Task directions - Both the line below containing "Polling Station Building Front View" and the line containing "Key MAP View", along with every line between them, should be repeated exactly; no other line belongs in the answer.

Exercise data -

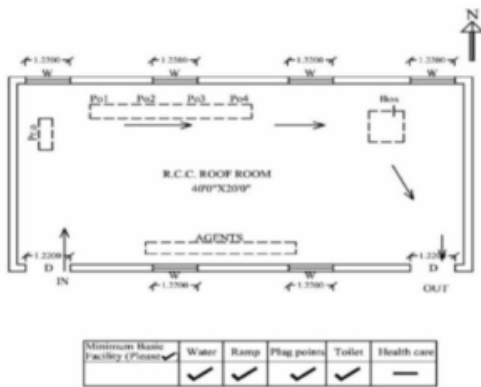

Google Map View

Polling Station Building Front View

Polling Station Front View

Cad View

Key MAP View

1	WRK3070752	பெயர் : ப.பழனிச்சாமி தந்தை பெயர்: பெரி ஆம்பள வீட்டு எண் : 0 வயது : 70 பாலினம் : ஆண்	Photo is available	2	WRK2077279	பெயர் : ராமுத்தாய் கணவர் பெயர்: பழனிசாமி வீட்டு எண் : 0 வயது : 61 பாலினம் : பெண்	Photo is available	3	WRK2077105	பெயர் : தங்கமகேஷ்வரி கணவர் பெயர்: பழனிசாமி வீட்டு எண் : 0 வயது : 35 பாலினம் : பெண்	Photo is available
4	WRK0832931	பெயர் : பூவாத்தாள் கணவர் பெயர்: ராமலிங்கம் வீட்டு எண் : 1 வயது : 69 பாலினம் : பெண்	Photo is available	5	WRK0689554	பெயர் : தெய்வாத்தாள் கணவர் பெயர்: வேலுச்சாமி வீட்டு எண் : 1 வயது : 69 பாலினம் : பெண்	Photo is available	Q 6	WRK1968809	பெயர் : பழனிச்சாமி தந்தை பெயர்: சுப்பன் வீட்டு எண் : 1 வயது : 64 பாலினம் : ஆண்	Photo is available
7	WRK0833137	பெயர் : கணேசன் தந்தை பெயர்: வெள்ளைசாமி வீட்டு எண் : 1 வயது : 63 பாலினம் : ஆண்	Photo is available	8	WRK1968908	பெயர் : கணேசன் தந்தை பெயர்: தங்கவேல் வீட்டு எண் : 1 வயது : 60 பாலினம் : ஆண்	Photo is available	9	WRK0833525	பெயர் : ஈஷ்வரி கணவர் பெயர்: கணேசன் வீட்டு எண் : 1 வயது : 58 பாலினம் : பெண்	Photo is available
10	WRK1235894	பெயர் : பழனியம்மாள் கணவர் பெயர்: கருப்புசாமி வீட்டு எண் : 1 வயது : 58 பாலினம் : பெண்	Photo is available	11	WRK3371986	பெயர் : நல்லம்மாள் கணவர் பெயர்: நாகராஜ் வீட்டு எண் : 1 வயது : 58 பாலினம் : பெண்	Photo is available	12	WRK0689562	பெயர் : பாலுசாமி தந்தை பெயர்: சுப்பையா வீட்டு எண் : 1 வயது : 54 பாலினம் : ஆண்	Photo is available
13	WRK0689570	பெயர் : ராதாமணி கணவர் பெயர்: பாலு வீட்டு எண் : 1 வயது : 46 பாலினம் : பெண்	Photo is available	14	WRK3193521	பெயர் : கணபதி தந்தை பெயர்: முனியப்பன் வீட்டு எண் : 1 வயது : 44 பாலினம் : ஆண்	Photo is available	15	WRK1968916	பெயர் : முனியம்மாள் தந்தை பெயர்: சரவணகுமார் வீட்டு எண் : 1 வயது : 37 பாலினம் : பெண்	Photo is available
16	WRK2076222	பெயர் : வேல்முருகன் தந்தை பெயர்: பழனிசாமி வீட்டு எண் : 1 வயது : 33 பாலினம் : ஆண்	Photo is available	17	WRK1968858	பெயர் : அழகுராஜா தந்தை பெயர்: தங்கசுடை வீட்டு எண் : 1 வயது : 28 பாலினம் : ஆண்	Photo is available	18	WRK2160612	பெயர் : பிரவீண்குமார் தந்தை பெயர்: விஸ்வநாதன் வீட்டு எண் : 1/1 வயது : 27 பாலினம் : ஆண்	Photo is available
19	WRK1968957	பெயர் : கதிரேசன் தந்தை பெயர்: ராமசாமி வீட்டு எண் : 1-18 வயது : 39 பாலினம் : ஆண்	Photo is available	20	WRK2077378	பெயர் : தனலட்சுமி கணவர் பெயர்: அருண்குமார் வீட்டு எண் : 1/9 வயது : 31 பாலினம் : பெண்	Photo is available	21	WRK0833236	பெயர் : விஜயகுமார் தந்தை பெயர்: முருகசாமி வீட்டு எண் : 1-23 வயது : 39 பாலினம் : ஆண்	Photo is available
22	WRK0833251	பெயர் : சந்திரசேகர் தந்தை பெயர்: முருகசாமி வீட்டு எண் : 1-23 வயது : 37 பாலினம் : ஆண்	Photo is available	23	WRK2076651	பெயர் : சரவணக்குமார் தந்தை பெயர்: பழனிச்சாமி வீட்டு எண் : 1/23ஏ 3 வயது : 44 பாலினம் : ஆண்	Photo is available	24	WRK0689265	பெயர் : சின்னச்சாமி தந்தை பெயர்: ராக்கியபகரன்பர் வீட்டு எண் : 1-31 வயது : 60 பாலினம் : ஆண்	Photo is available
25	WRK3192739	பெயர் : சுசாந்த் தந்தை பெயர்: சின்னசாமி வீட்டு எண் : 1/31 வயது : 26 பாலினம் : ஆண்	Photo is available	26	WRK2080299	பெயர் : அரவிந்தகுமார் தந்தை பெயர்: கல்யாணசுந்தரம் வீட்டு எண் : 1/48 வயது : 27 பாலினம் : ஆண்	Photo is available	27	WRK0833111	பெயர் : ஆருமுகம் தந்தை பெயர்: கிட்டுசாமி வீட்டு எண் : 1-129 வயது : 45 பாலினம் : ஆண்	Photo is available
28	WRK0833509	பெயர் : மல்லிகா கணவர் பெயர்: ஆறுமுகம் வீட்டு எண் : 1-129 வயது : 38 பாலினம் : பெண்	Photo is available	29	WRK3346582	பெயர் : ஜெயந்தி கணவர் பெயர்: பழனிசாமி வீட்டு எண் : 1/130எ வயது : 37 பாலினம் : பெண்	Photo is available	30	WRK3192358	பெயர் : இளவரசன் தந்தை பெயர்: கதிரேசன் வீட்டு எண் : 1/1292 வயது : 25 பாலினம் : ஆண்	Photo is available

Problem solution -
Polling Station Building Front View

Polling Station Front View

Cad View

Key MAP View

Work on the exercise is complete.